The inference of transformer-based large language models consists of two sequential stages: 1) a prefilling stage to compute the KV cache of prompts and generate the first token, and 2) a decoding stage to generate subsequent tokens. For long prompts, the KV cache must be computed for all tokens during the prefilling stage, which can significantly increase the time needed to generate the first token. Consequently, the prefilling stage may become a bottleneck in the generation process. An open question remains whether all prompt tokens are essential for generating the first token. To answer this, we introduce a novel method, LazyLLM, that selectively computes the KV for tokens important for the next token prediction in both the prefilling and decoding stages. Contrary to static pruning approaches that prune the prompt at once, LazyLLM allows language models to dynamically select different subsets of tokens from the context in different generation steps, even though they might be pruned in previous steps. Extensive experiments on standard datasets across various tasks demonstrate that LazyLLM is a generic method that can be seamlessly integrated with existing language models to significantly accelerate the generation without fine-tuning. For instance, in the multi-document question-answering task, LazyLLM accelerates the prefilling stage of the LLama 2 7B model by 2.34x while maintaining accuracy.
Paper Structure (13 sections, 1 equation, 7 figures, 2 tables)

This paper contains 13 sections, 1 equation, 7 figures, 2 tables.

Figures (7)

  • Figure 1: Prompt-based LLM inference can be divided into two sequential stages: prefilling and decoding. For long prompts, the first token generation during prefilling stage could be slow.
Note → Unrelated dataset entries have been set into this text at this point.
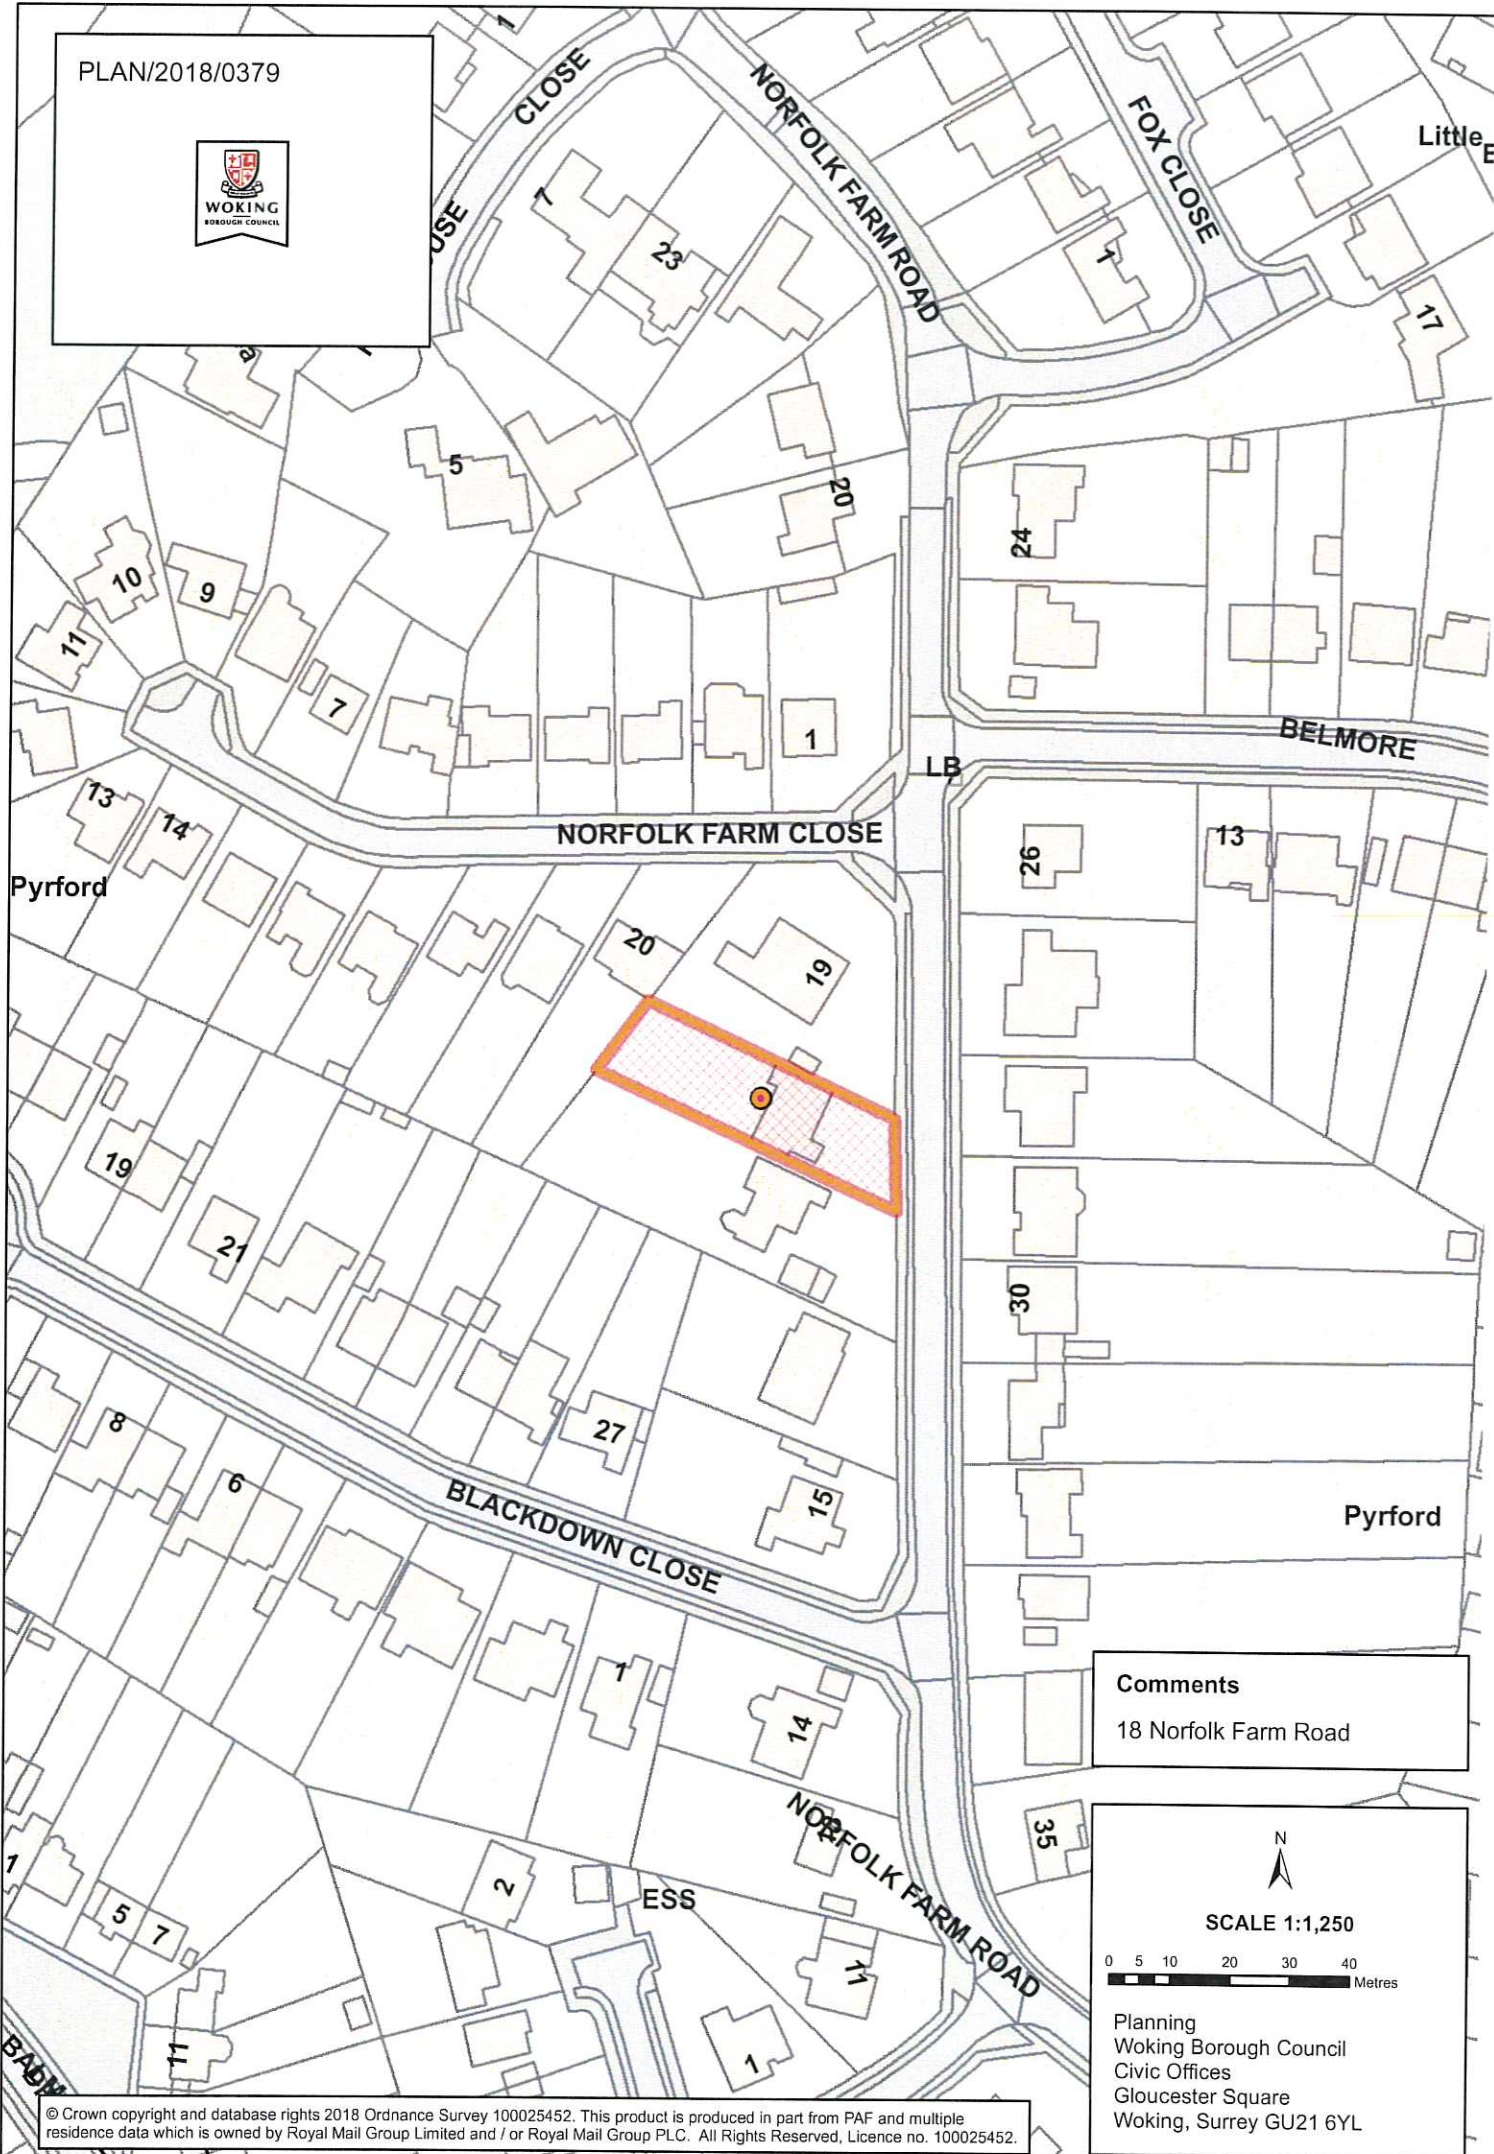

PLAN/2018/0379

Comments
18 Norfolk Farm Road

Planning
Woking Borough Council
Civic Offices
Gloucester Square
Woking, Surrey GU21 6YL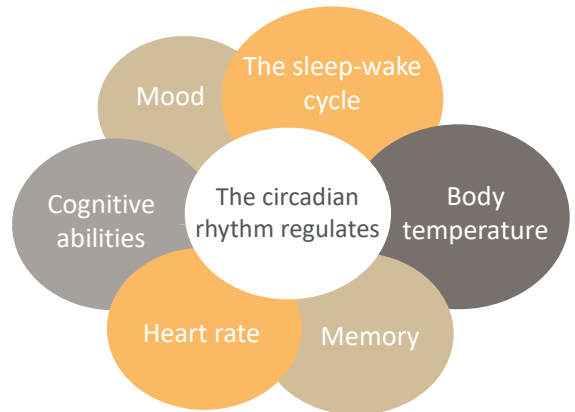

Dynamic lighting : a source of well-being

Having appropriate dynamic lighting is essential to be effective in your daily activities and to avoid the harmful effects of poor lighting. Improved productivity, increased dynamism, and a positive mood are the results. Therefore, each individual should pay special attention to their circadian rhythm, a biological cycle that controls various physiological processes and is influenced by light over a 24-hour period.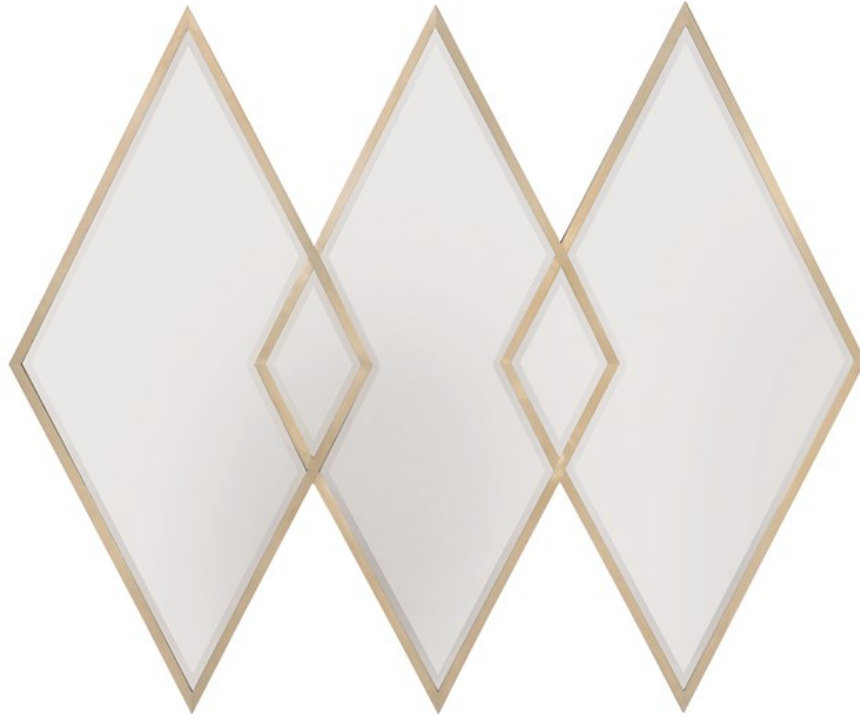

caracole

THREE OF DIAMONDS

cla-418-043

COLLECTION: CARACOLE CLASSIC

DIMENSIONS: 49W x 1.25D x 41H

Created for design-lovers, this spectacular mirror has style in spades. Its metal frame is crafted of three intersecting diamonds and finished with beveled mirror. A Golden Blonde Leaf finish adds even more alluring charm while its distinctive design is naturally captivating. You'll never look at a plain mirror the same again.

FINISH:

Golden_Blonde_Leaf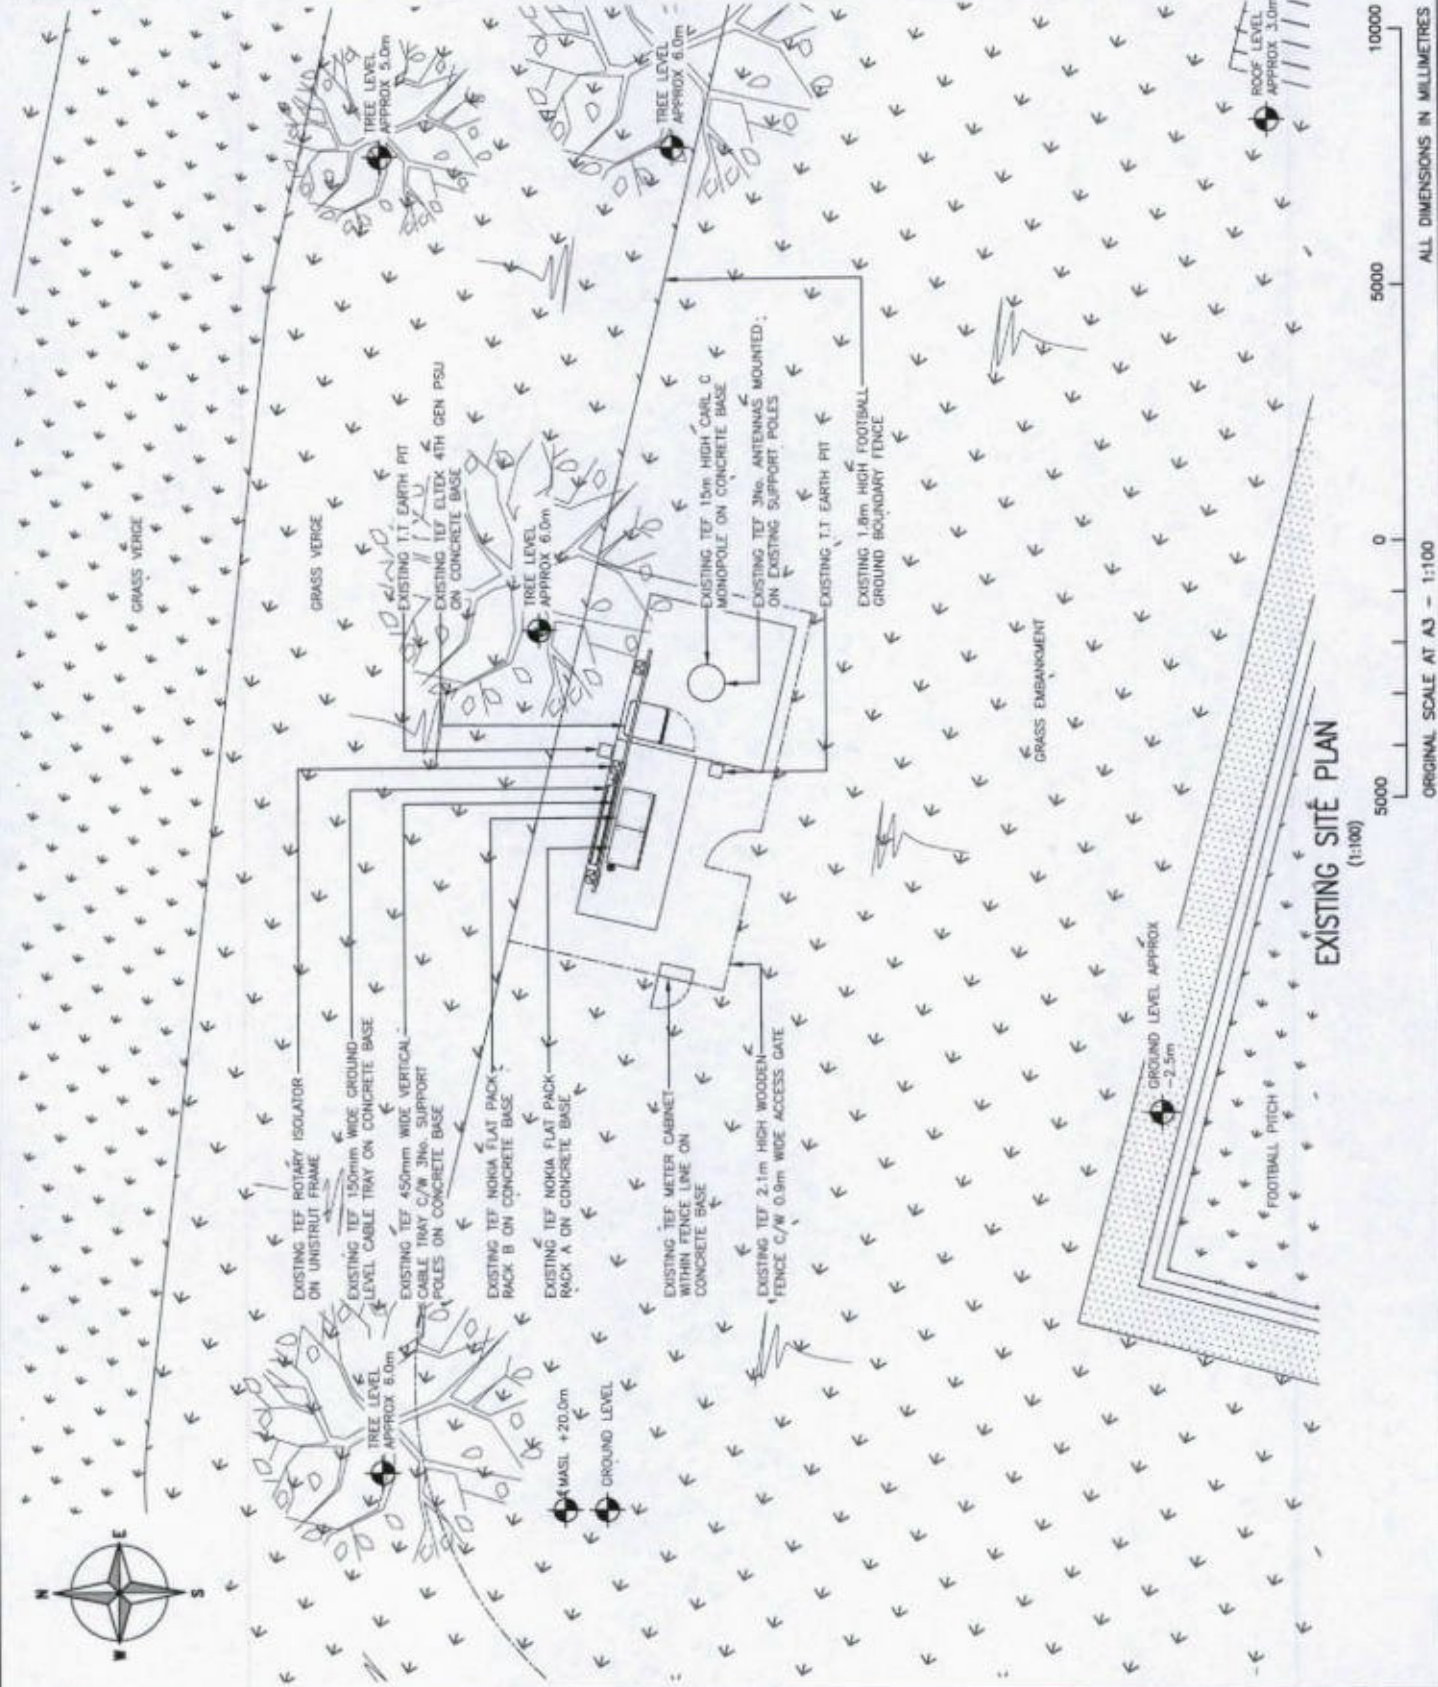

Purpose of Issue  
PLANNING

Drawing Number  
200

Drawn By  
JIS

Checked By  
PFB

Date  
27.06.21

Scale  
A

Plot Date  
27.06.21

Plot No  
A

**EXISTING SITE PLAN**  
(1:100)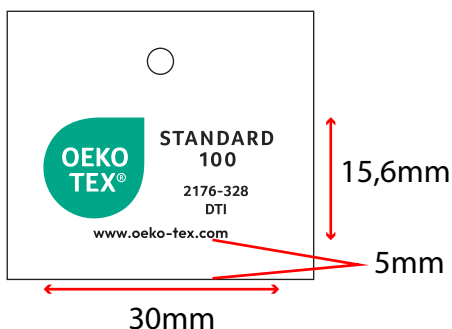

HANG TAG

Printed Hang tag -
size: 40mm(W) x 35mm(H)

PRINTED LABEL

Printed label -
size: 42mm(W) x 23mm(H) (excl. seam allowance)

Artwork -
size: 30mm(W) x 15.6mm(H)
placed: 5mm from bottom, centered

Artwork -
size: 26.5mm(W) x 13.6mm(H)
palced: 5mm from edge, centered

PLEASE USE FULL RESOLUTION ARTWORK IN SEPARATE FILE

Label Design Guideline Colour Values

			
	OEKO-TEX® Green	Black	White
PRINT			
Pantone U	Green U	Black U	-
Pantone C	Green C	Black C	-
CMYK	c84 m0 y57 k0	c0 m0 y0 k98	c0 m0 y0 k0
RAL DESIGN	170 60 45	000 30 00	000 90 00
DIGITAL			
RGB	r0 g166 b135	r5 g5 b5	r255 g255 b255
HEX	#00AC8C	#050505	#FFFFFF

Label Design Guideline Safe Zone + Placement

Please note:
Minimum safe zone 'X' is the size of the 'X' in the OEKO-TEX® Logo.

HANG TAG PLACEMENT

To be placed behind all hang tags in same string for every brands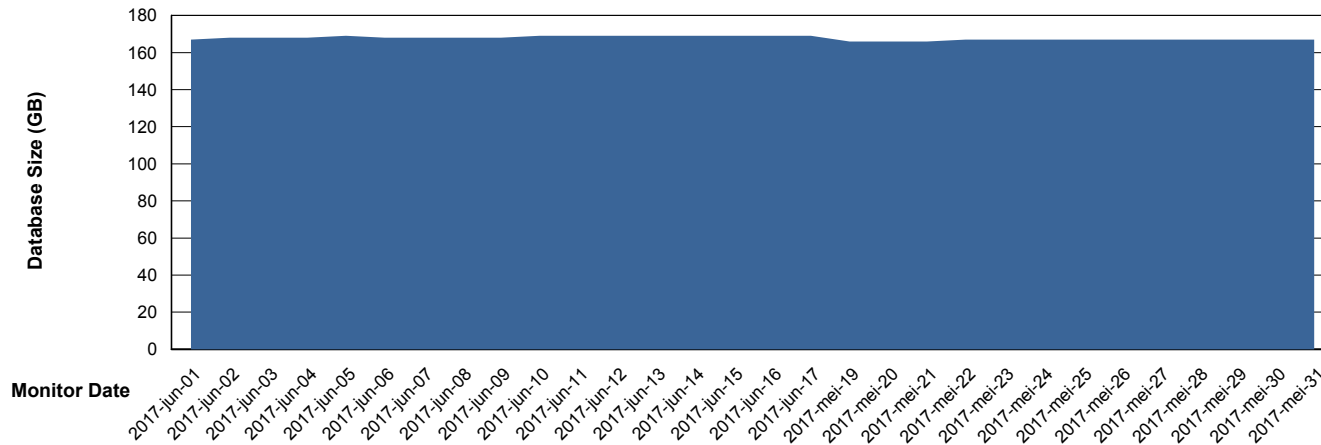

# Weekly SLA Customer Report

Customer VOS\_Production  
Database ID 68

DATABASE SIZE VOSBIDB\_Production

### Database growth over last month

DATABASE SIZE VOSDB\_Production

### Database growth over last month

As an example, for Llama 2 7B model touvron2023llama, on average, the time to generate the first token requires $21\times$ the walltime of each subsequent decoding step and accounts for $23\%$ of the total generation time in the LongBench benchmark.
  • Figure 2: We visualize the attention scores of input tokens in the prompt w.r.t. to the next token for each layer of Llama 2 7Btouvron2023llama. We also plot the distribution of the average attention score across all transformer layers. Result reveals that the attention scores of input tokens w.r.t. to the next token are very sparse, indicating that many tokens in the input prompt are redundant and can be safely removed without affecting the next token prediction.
  • Figure 3: Comparison between standard LLM and LazyLLM. Instead of computing the KV cache of all input tokens at the prefilling stage, LazyLLM only selectively computes the tokens that are important to the next token prediction, deferring the computation of remaining tokens to later steps. LazyLLM significantly optimizes TTFT by reducing the amount of computation during prefilling. Moreover, as some tokens in the prompt are never selected by LazyLLM during the whole generation process (even though theoretically the model could use all tokens in the prompt), LazyLLM also reduces the total amount of computation and accelerates the overall generation.
  • Figure 4: Overview of the LazyLLM framework. LazyLLM starts with the full context and progressively prunes tokens to gradually reduce the number of computations towards the end of the model. LazyLLM allows the model to select different subsets of tokens from the context in different generation steps, which is crucial to retaining the performance.
  • Figure 5: TTFT speedup vs. accuracy comparison for Llama 2 7B across different tasks.